**Problem statement:** Track down each line below containing the string "EUROPRO" and copy it.

═════ Data for analysis ═════

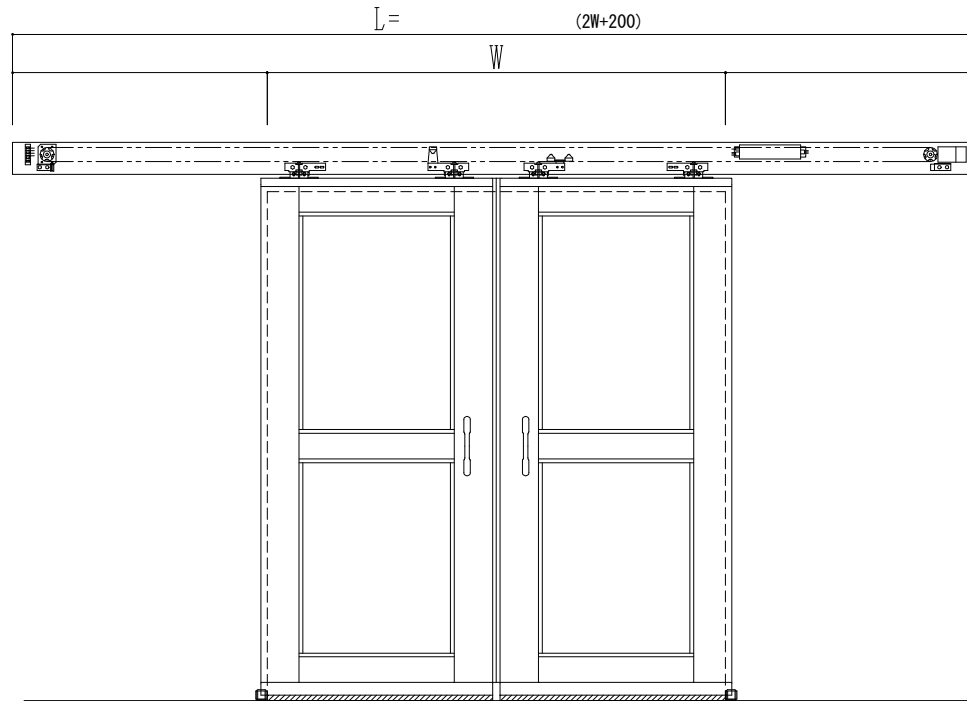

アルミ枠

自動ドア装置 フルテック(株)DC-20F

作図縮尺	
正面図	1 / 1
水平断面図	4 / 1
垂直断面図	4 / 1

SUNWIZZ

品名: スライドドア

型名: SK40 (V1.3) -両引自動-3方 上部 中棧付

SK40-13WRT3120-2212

═════
═════ Data for analysis ═════

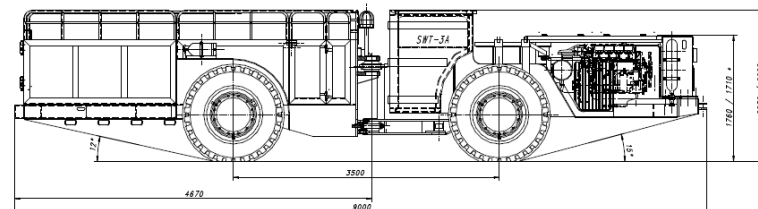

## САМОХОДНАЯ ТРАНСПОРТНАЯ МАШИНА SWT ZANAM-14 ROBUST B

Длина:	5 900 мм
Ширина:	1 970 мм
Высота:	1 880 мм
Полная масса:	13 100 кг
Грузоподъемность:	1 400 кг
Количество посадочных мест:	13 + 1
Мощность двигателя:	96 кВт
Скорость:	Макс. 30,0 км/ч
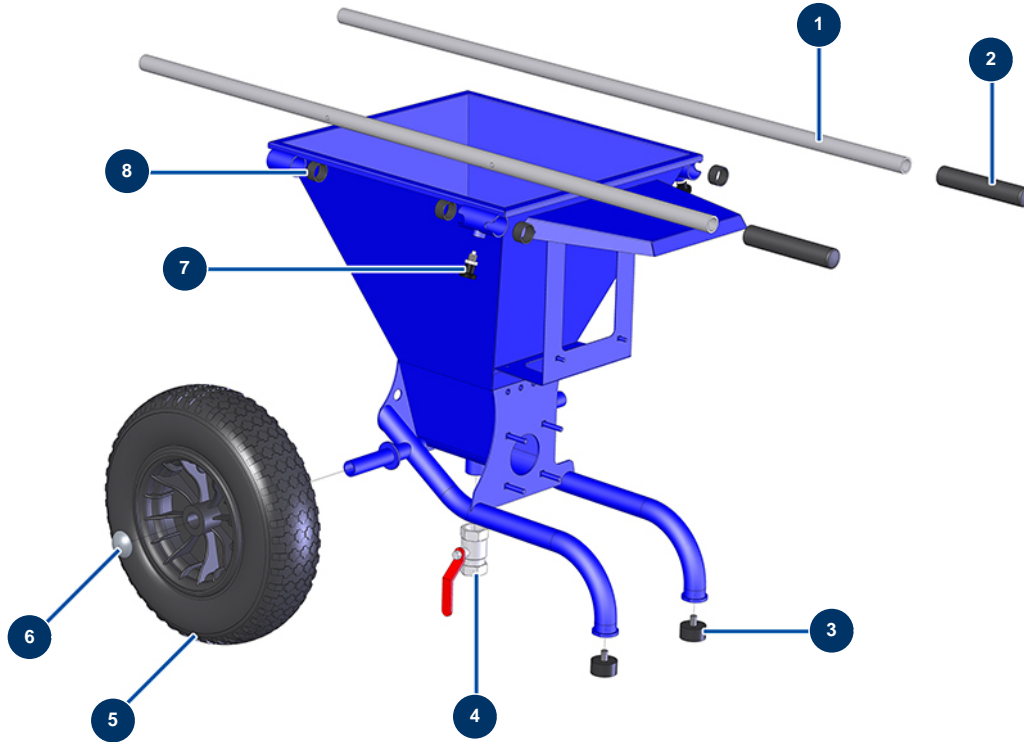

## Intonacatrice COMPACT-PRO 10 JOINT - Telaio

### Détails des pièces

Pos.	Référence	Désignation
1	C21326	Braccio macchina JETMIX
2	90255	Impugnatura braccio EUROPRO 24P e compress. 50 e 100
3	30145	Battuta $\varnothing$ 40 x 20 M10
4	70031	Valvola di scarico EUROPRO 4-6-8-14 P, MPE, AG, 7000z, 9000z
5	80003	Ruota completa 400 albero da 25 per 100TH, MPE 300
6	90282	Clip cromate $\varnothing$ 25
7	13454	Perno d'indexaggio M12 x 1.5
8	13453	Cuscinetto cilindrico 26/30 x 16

═════

**Exercise solution:**
2	90255	Impugnatura braccio EUROPRO 24P e compress. 50 e 100
4	70031	Valvola di scarico EUROPRO 4-6-8-14 P, MPE, AG, 7000z, 9000z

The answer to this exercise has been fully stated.